───── GIVEN ENTRIES
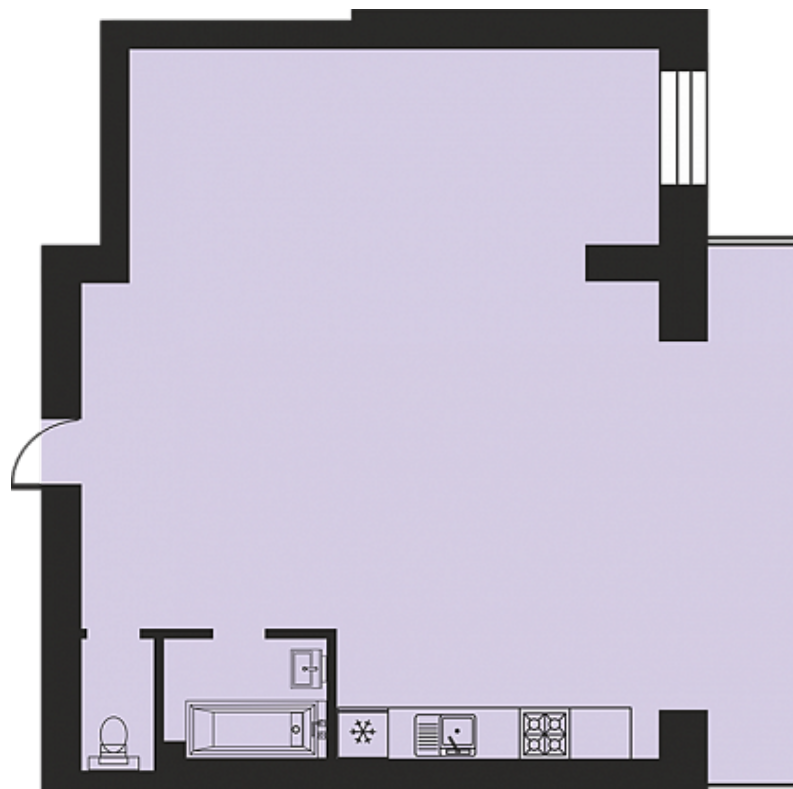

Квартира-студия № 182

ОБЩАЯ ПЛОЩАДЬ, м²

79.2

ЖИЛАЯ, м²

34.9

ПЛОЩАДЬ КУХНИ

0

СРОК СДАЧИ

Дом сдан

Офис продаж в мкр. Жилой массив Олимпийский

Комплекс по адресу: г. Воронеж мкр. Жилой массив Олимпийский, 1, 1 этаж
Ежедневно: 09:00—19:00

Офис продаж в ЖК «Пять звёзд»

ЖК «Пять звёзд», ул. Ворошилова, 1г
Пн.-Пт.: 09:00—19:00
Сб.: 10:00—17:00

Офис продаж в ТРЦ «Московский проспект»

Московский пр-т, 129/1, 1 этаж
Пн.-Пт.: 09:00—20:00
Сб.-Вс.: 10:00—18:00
──────────
───── GIVEN ENTRIES
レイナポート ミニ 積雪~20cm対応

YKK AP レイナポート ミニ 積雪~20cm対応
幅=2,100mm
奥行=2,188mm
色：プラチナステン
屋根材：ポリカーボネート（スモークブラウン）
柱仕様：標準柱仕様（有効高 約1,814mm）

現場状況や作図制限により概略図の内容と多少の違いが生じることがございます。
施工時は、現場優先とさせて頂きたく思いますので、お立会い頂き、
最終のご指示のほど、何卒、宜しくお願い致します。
──────────
Taking the material above, extract exactly and only the lines from the line with "施工時は、現場優先とさせて頂きたく思いますので、お立会い頂き、" to the line with "最終のご指示のほど、何卒、宜しくお願い致します。", inclusive of both.

RESULT FOR THIS EXERCISE:
施工時は、現場優先とさせて頂きたく思いますので、お立会い頂き、
最終のご指示のほど、何卒、宜しくお願い致します。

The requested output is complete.